Would she ever know his likeness?

Their entire relationship had been one of correspondence, but that correspondence had been intimate and unique, and it had filled her up with so much joy and confidence.

She’d felt as if she’d known him truly and he her. She’d held nothing back.

As a matter of fact, it had been much of his advice which had led her to make the choices that she had in the last year. It had been with his aid she’d decided to no longer live in the shadow of her father. With Anthony’s affirmations, she’d made a bold choice to live with ambition and think grandly for herself and her sisters.

But now? His support? That seemed to be done.

A tear slipped down her cheek and she dashed it away. The dratted salty wind was the very devil, or at least so she convinced herself.

She'd always had such a plucky attitude about this life. In all her life, she’d never let herself succumb to sorrow. After all, she had much to celebrate, did she not?

Augusta was a triumph, a duchess! And Felicity? Though heartbroken, at least free now from their father and free from a dangerous marriage. She was independent in Prussia, living her life and growing strong again.

Or at least, so Philippa had to believe.

And here she was in Cornwall, away from London, the city she rather despised. For though London was full of history and art, it did not reflect Phillipa's nature.

Phillipa enjoyed fun and the outdoors and the sea air, none of which London had.

So, really, what was there to complain of?

Nothing.

Except, well, her dratted heart refused to listen to her brain.

She'd come all this way for nothing.

She was a romantic idiot. That's what she was. She turned away from the rugged cliff and began striding back towards the great castle that belonged to the Duke of Grey.

It was an immense affair and she had begun to wonder if perhaps Anthony could be hiding in one of the many towers. It was so large that such a thing was possible. He might of have found some secret rooms to keep himself locked away, and she’d never find him, but why ever would he?

Why would he need to hide himself away?

She laughed at herself.
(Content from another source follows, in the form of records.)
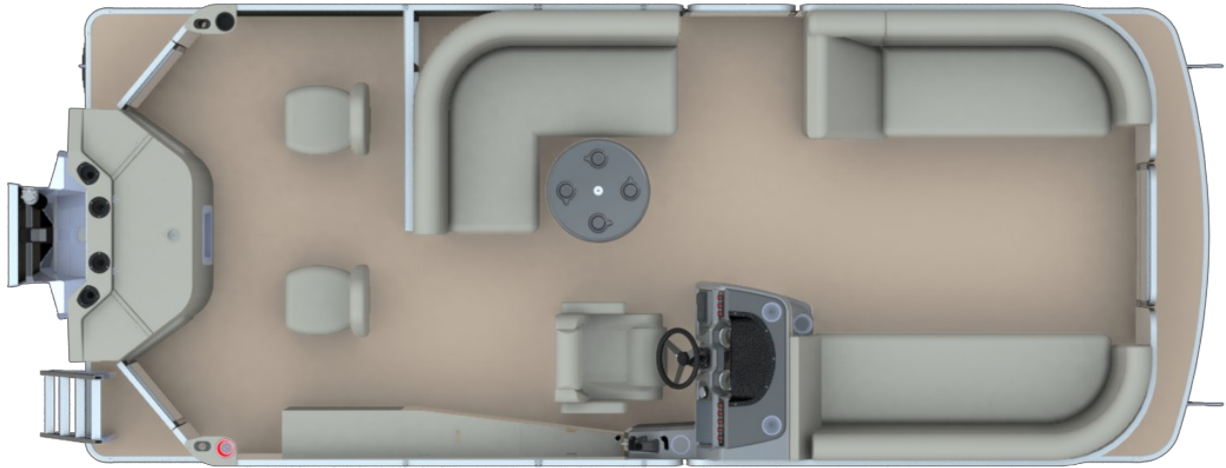

NEW 2023 Godfrey Marine SW2286FS  
Call For Price

**Description**

2023 SWEETWATER 2286 FISH W/ S-SEATING RAIL SKIN COLOR: METALLIC NAVY FLOORING: PLATINUM WEAVE VINYL COLOR/ACCENT: GRAY/NAVY MOTOR: SUZUKI DF115BTL5 INCLUDED OPTIONS: LED DOCKING LIGHTS CAPTAIN'S CHAIR UPGRADE STERN FISH SEAT HOOK REVEAL 5 ...

**GENERAL INFORMATION**

|              |                  |
|--------------|------------------|
| Manufacturer | Godfrey Marine   |
| Model Year   | 2023             |
| Model Name   | SW2286FS         |
| Model Code   | SW2286FS         |
| Stock Number | 72204            |
| Color        | METALLIC NAVY    |
| Condition    | NEW              |
| Engine       | SUZUKI DF115BTL5 |

Such a thought was lunacy. What need did a duke have of hiding away like a brooding hero in one of Mrs. Radcliffe’s novels.

True, he was in none of the society papers and he’d made no appearance in London. No one had seen him, as far as she could tell, since the Battle of Trafalgar, where he had won high honors.

Even Clara had only glimpsed him a few times, or so she said. She’d appeared rather pale when she’d confessed it.

Phillipa scowled into the growing, dark could. She loathed her thoughts returning again and again to him and how he had vanished.

She could not explain it to anyone, not even her sisters. Clara had an idea, but even she did not know the fullness of their exchanges.

After all, she’d become close to someone through paper and ink. It barely bore consideration. Perhaps to Anthony, at any rate.

She kicked a rock on the path. They had written to each other at least every week for months, sometimes daily. And for a short time, she had been certain that they were, well, soul mates.

How foolish that sounded now.

Surely, a soul mate would never abandon one so quickly and so easily.